Our mission is to create a platform for encounters between artists, contemporary art and the public, to test and develop new models for site-dependent artistic practice, to explore the role of the artist within society, especially within rural contexts, and to support artists’ practices at the intersection of contemporary art, craft and societal engagement.
Rejmyre Art Lab’s Center for Peripheral Studies is a long-term, place-based, artistic research project. We come together to explore issues of vital concern through and with our varied artistic practices. We utilize an ensemble residency model to conduct this research, coming together to collectively think aspects of our complex existence in this place and time.
Our activities include thematic artist residency programs, public seminars, exhibitions (in Konsthallen Engelska Magasinet), project studios (in The Refuging Pavilion), a research-based youth program (Konstlabbet), a post-MFA fellowship program and an annual program of installations in and around the town of Rejmyre.

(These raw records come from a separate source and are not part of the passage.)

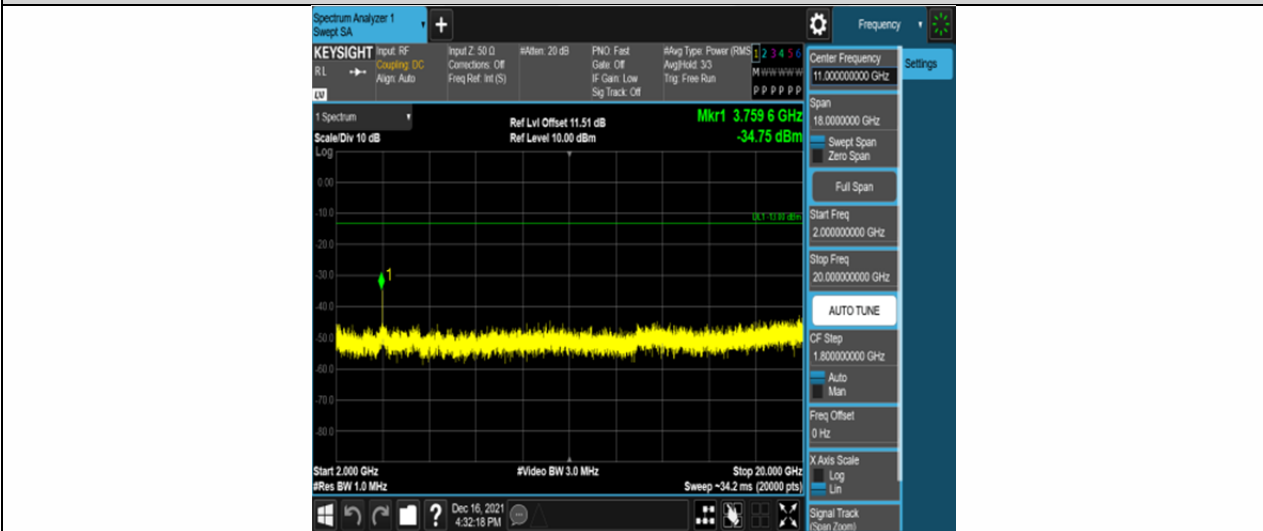

Band2-3MHz-QPSK-19185-15RB#0-Range1:30~1000MHz

Band2-3MHz-QPSK-19185-15RB#0-Range2:1000~2000MHz

Band2-3MHz-QPSK-19185-15RB#0-Range3:2000~20000MHz

Band2-3MHz-16QAM-18615-15RB#0-Range1:30~100MHz

Band2-3MHz-16QAM-18615-15RB#0-Range2:1000~2000MHz

Band2-3MHz-16QAM-18615-15RB#0-Range3:2000~20000MHz

Band2-3MHz-16QAM-18900-15RB#0-Range1:30~100MHz

Band2-3MHz-16QAM-18900-15RB#0-Range2:1000~2000MHz

Band2-3MHz-16QAM-18900-15RB#0-Range3:2000~20000MHz

Band2-3MHz-16QAM-19185-15RB#0-Range1:30~100MHz

Our installation program attempts to re-radicalize the notion of site-specificity, through a commitment to a philosophy of embedded installation in which there is an element of co-inhabitation and inseparable dependence at play in the relationship between an artwork and our site. In this place, designed largely for export, of its forests, quartz and craft labor, we ask the question, what is not for export?
Rejmyre Art LAB’s programming is born of a long-term engagement with and commitment to the town of Rejmyre in the Östergötland region of Sweden. Rejmyre is located amongst the forests and lakes two hours southwest of Stockholm. With a population of approximately 900 people, Rejmyre is a small factory town centered around the Reijmyre Glasbruk, a glass factory founded in 1810 and still in operation.
As an artist-run organization, the purpose of our work together in Rejmyre has been to create a post-institutional teaching and learning space for ourselves, and others, to continue to grow, engage in sustained critique and explore topics of collective interest. Our research strands emerge from our time together and thus follow a loose associative line from one to the other.